Als uw toegangspunten zich nu in een opstartlus bevinden vanwege dit probleem, raadpleegt u het artikel Herstellen van een opstartlus veroorzaakt door imagebeschadiging op Wave 2- en 11ax-toegangspunten (CSCvx32806 ) richtsnoeren voor herstelstappen.

Dit probleem is gedocumenteerd als Field Notice: FN74109 - Corruptie van het imagebestand van het toegangspunt tijdens de CAPWAP-upgrade kan leiden tot een opstartfout - Aanbevolen software-upgrade.

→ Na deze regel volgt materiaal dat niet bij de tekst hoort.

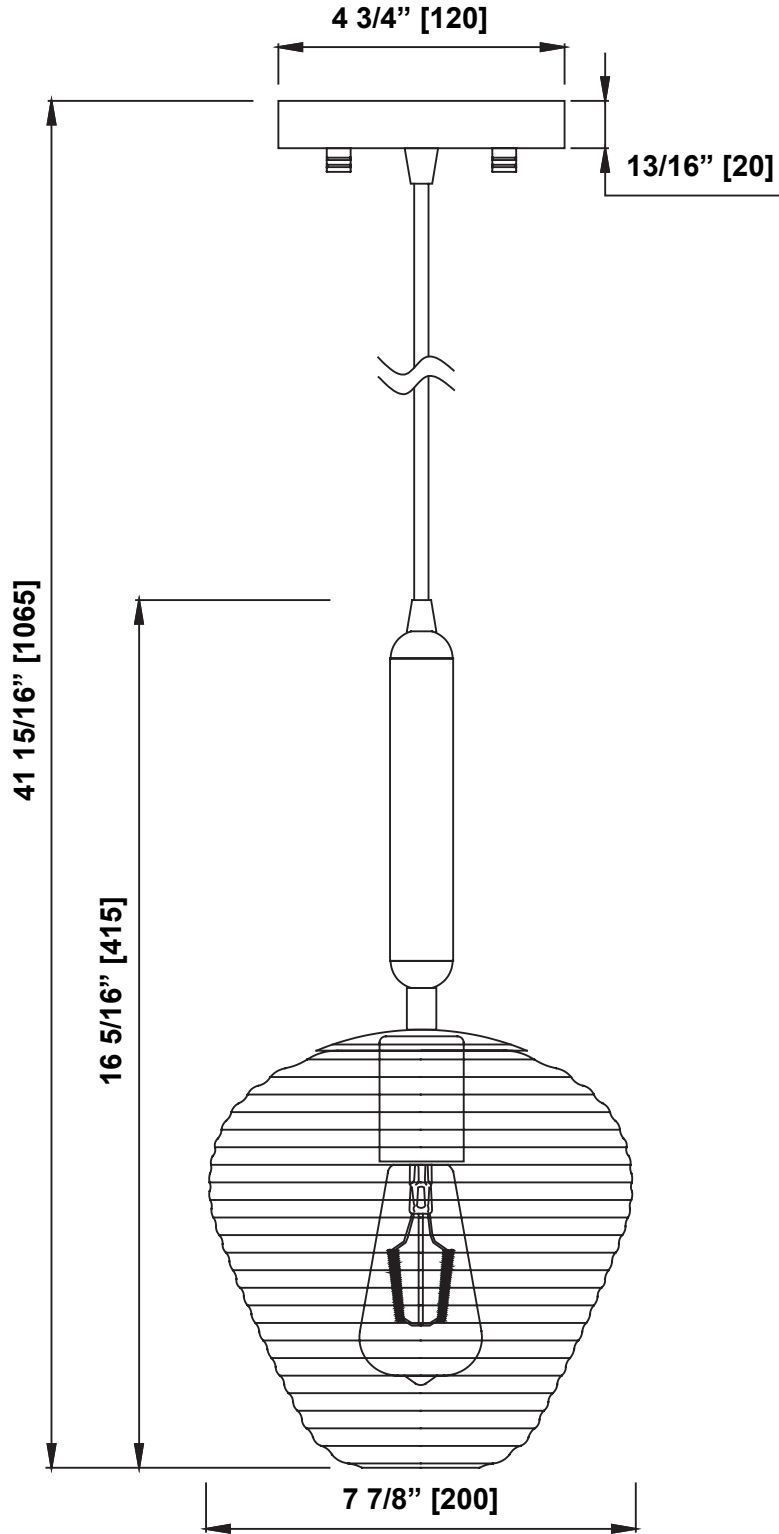

# AMBER PENDANT 1LT OVEL 215

Measures: inch [millimeter]  
Mesures: pouce [millimètre]  
Medidas: pulgadas [milímetros]
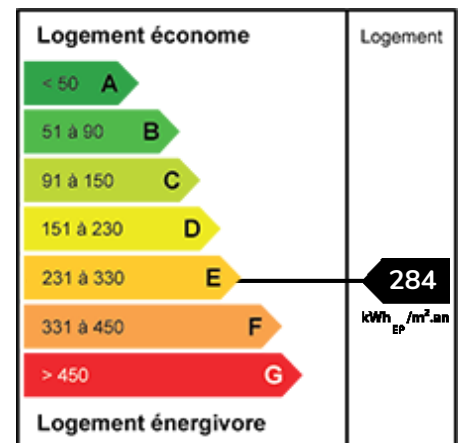

Jolie maison Bel Etage de type Art Déco

Ref. VM007

Maison semi individuelle de type Art déco située à mi-chemin entre le Bourg et le quartier du Pont des Arts. Vous pourrez profiter de la proximité des commerces et de la vie de centre ville !

131 m² Habitables

RDC : Garage carrelé avec espace buanderie buanderie indépendant,

Nbres chambres

4

Salle de bains

2

Marcq-en-Barœul

364 000 € HAI
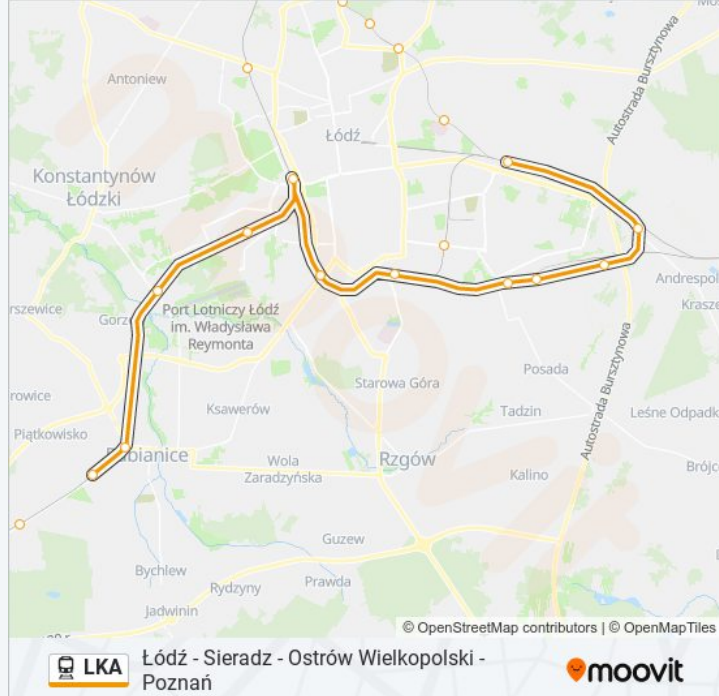

Łódź Dąbrowa

Łódź Zarzew

Łódź Widzew

Łódź Niciarniana

Łódź Fabryczna

Kierunek: Łódź Widzew

20 przystanków

[WYŚWIETL ROZKŁAD JAZDY LINII](#)

Informacja o: kolej LKA

Kierunek: Łódź Widzew

Przystanki: 20

Długość trwania przejazdu: 55 min

Podsumowanie linii:

Łódź Zarzew

Łódź Widzew

Rozkłady jazdy i mapy tras dla kolej LKA są dostępne w wersji offline w formacie PDF na stronie moovitapp.com. Skorzystaj z Moovit App, aby sprawdzić czasy przyjazdu autobusów na żywo, rozkłady jazdy pociągu czy metra oraz wskazówki krok po kroku jak dojechać w Warszaw komunikacją zbiorową.
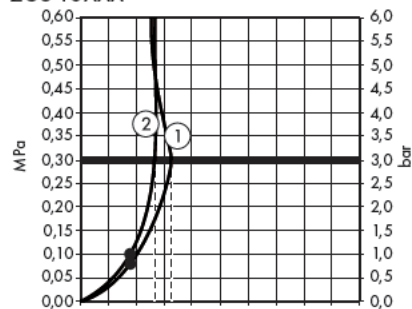

Vernis Blend Vario EcoSmart

26340XXX
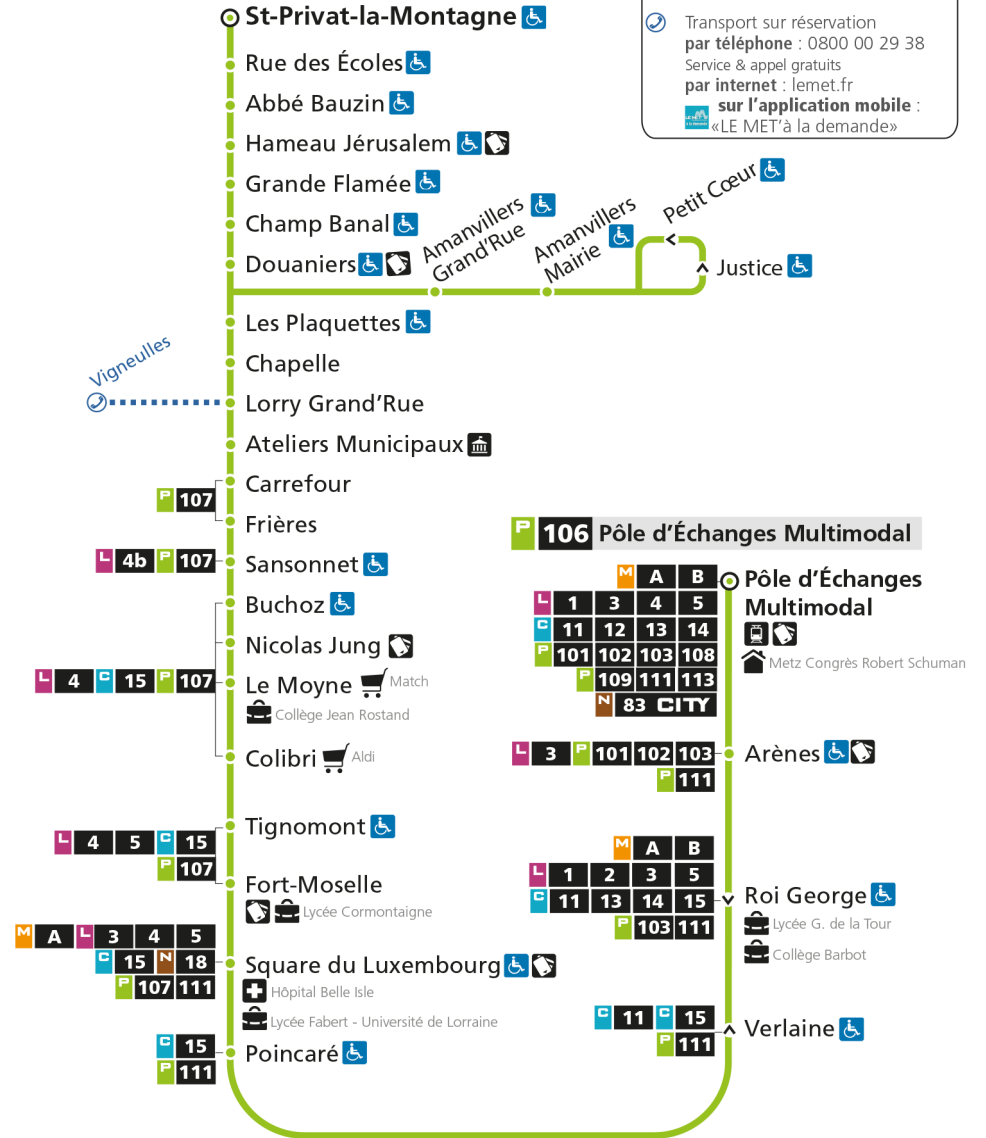

P

106

ST-PRIVAT-LA-MONTAGNE

arrêt ARENES

Horaires valables du 31 Août 2020 au 04 Juillet 2021

Lundi à vendredi

Samedi

Dimanche et jours fériés

4h		4h		4h	
5h		5h		5h	
6h	11*	6h 11*		6h	
7h	05 36	7h 11*		7h	
8h	06	8h 11		8h	43*
9h	06	9h 11		9h	
10h	06	10h 10		10h	11*
11h	11	11h 09		11h	41*
12h	11	12h 12		12h	
13h	10	13h 11		13h	11*
14h	10	14h 09		14h	41*
15h	09	15h 09		15h	
16h	12 42	16h 09		16h	11*
17h	12 42	17h 09		17h	41*
18h	12 42	18h 11		18h	
19h	11	19h 11		19h	11*
20h	16	20h 16		20h	
21h		21h		21h	
22h		22h		22h	
23h		23h		23h	
00h		00h		00h	

* - Horaire disponible uniquement sur réservation au 0800 00 29 38 (appel et service gratuits)

P 106 St-Privat-la-Montagne

Retrouvez tous les horaires du réseau LE MET' sur lemet.fr

Hoe te vertellen of een upgrade gevoelig is voor beeldbeschadiging

Uw toegangspunten kunnen vatbaar zijn voor het downloaden van beschadigde software en vervolgens proberen die software op te starten als de volgende voorwaarden betrekking hebben op uw implementatie:

Niet getroffen producten

• Draadloze LAN-controllers (WLC's): het downloaden van toegangspunten van draadloze LAN-controllers van AireOS wordt niet beïnvloed
• Mobility Express, ingebouwde draadloze controller

• AP's - Aironet 1800/1540/1100AC-serie Wave 2 11ac AP's en Wave1 11ac-toegangspunten (1700/2700/3700/1570/IW3700) worden niet beïnvloed (zelfs als deze AP's zich registreren bij 9800 WLC's, worden ze niet beïnvloed)
• Wi-Fi 6E AP's geïntroduceerd sinds 2023: IW9167, IW9165, C9163

Betrokken producten

• WLC: downloads van draadloze LAN-controllers uit de Cisco Catalyst 9800-reeks kunnen worden beïnvloed
  
• AP's: De volgende AP-modellen die zich registreren voor de draadloze LAN-controllers uit de Cisco Catalyst 9800-reeks, worden beïnvloed:
  • Aironet Wave2 11ac-toegangspunten (2800/3800/4800/1560/IW6330/ESW6300)
  • Wi-Fi6-toegangspunten uit de 9100-reeks (9105/9115/9117/9120/9124/9130/WP-WIFI6/ISR-AP1101AX)
  • Catalyst 9100-serie Wi-FI6E-toegangspunten (9136/9162/9164/9166)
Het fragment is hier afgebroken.